Continuous performance management is a modern framework to measure and manage people performance throughout the year at frequent intervals as opposed to an Annual or Bi-annual review.
What is continuous performance management?
It is a throughout the year ongoing process with emphasis on authentic and natural collaboration. The framework involves long-term goal planning using (OKR) methodology and periodic questionnaires that can be sent to gauge everyday sentiments of the people. Employees and managers give each other regular feedback, sort out discrepancies in separate one-on-one meetings while also praising each other for a job well done. The idea is to nurture an environment where collaboration, trust, and harmony drive the company growth with a strong sense of organizational culture and values.
What is continuous performance improvement?
When we are talking about performance management, we're addressing a set of scalable and repeatable processes that can be repeated to yield better performance. When we talk about performance improvement, we're discussing a much more fundamental pain of employee' not performing to their potential. It is about getting into a mindset that drives everyone in the company to keep growing and succeeding to get better every day. However, this is much easier said than done for real improvements are never a jump from one point to another but a systematic effort with continuous persistence which would yield micro improvements that one day results in performance improvement.
What is the meaning of performance management?
Performance management practices are defined as continuous communication between an employee and their leader to ensure they achieve the overall long-term and short-term objectives of their organization. It includes setting clear goals, providing clarity of expected results, providing feedback, and evaluating results.
Monitoring performance and giving feedback are not two separate activities as in the case of an Annual Review. In this process, everything is measured continuously with context, like a continuous cycle, with conversations changing as and when objectives differ.
The ongoing cycle has three components — planning, check-ins, and evaluations or reviews.
During the planning process, clear goals are set between the manager and the employee, which they both agree upon. Then an execution plan is drafted tied to specific milestones that indicate progress.
Objectives are discussed year-round through frequent one-on-one conversations. This practice provides a common framework for everyone to succeed by leveraging mentorship and honest feedback.
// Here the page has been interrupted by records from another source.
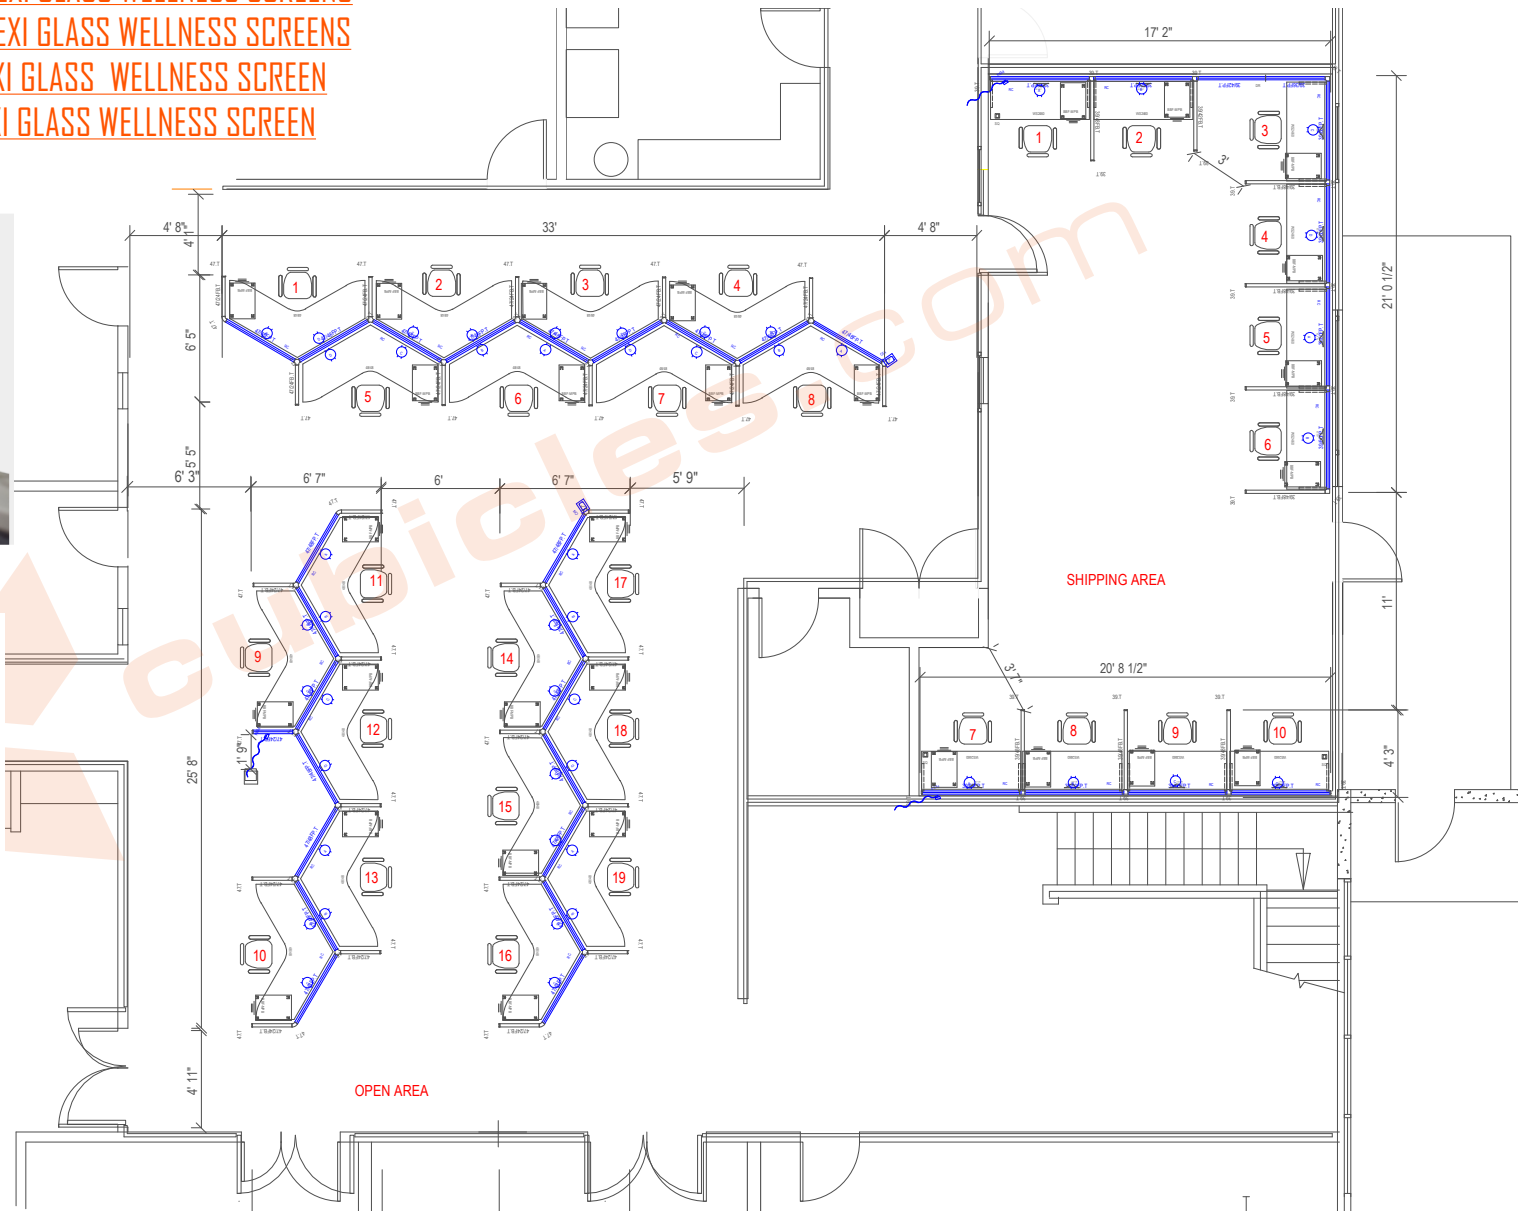

2D OVERALL - EXISTING STATIONS

TOTAL OF:

[29] 18"X48"W TOP CAP MOUNT CLEAR PLEXI GLASS WELLNESS SCREENS

[26] 18"X24"W TOP CAP MOUNT CLEAR PLEXI GLASS WELLNESS SCREENS

[2] 18"X42"W TOP CAP MOUNT CLEAR PLEXI GLASS WELLNESS SCREEN

[1] 18"X60"W TOP CAP MOUNT CLEAR PLEXI GLASS WELLNESS SCREEN

TOP CAP MOUNT - TEMPORARY CLAMPS

Mounting Pin (1)

PGHM-TC

2D CLOSE-UP VIEW - SHIPPING AREA

At the end of a pre-determined timeline, the manager reviews the report's performance against expected results, while also taking into account all the factors that influenced the current outcome. Together, the manager and employee collaborate to repeat the process for the next cycle of a pre-determined timeline ( usually a quarter to a year)
How can performance management system be improved?
Move away from traditional annual-review process and shift to continuous performance practices. Millennial employees are the largest demography of the workforce, and they desire quick feedback and mentoring to help them succeed. These employees have precise needs and vision for their lives and are willing to go above and beyond for employers who make them a part of their vision by engaging them in frequent communication.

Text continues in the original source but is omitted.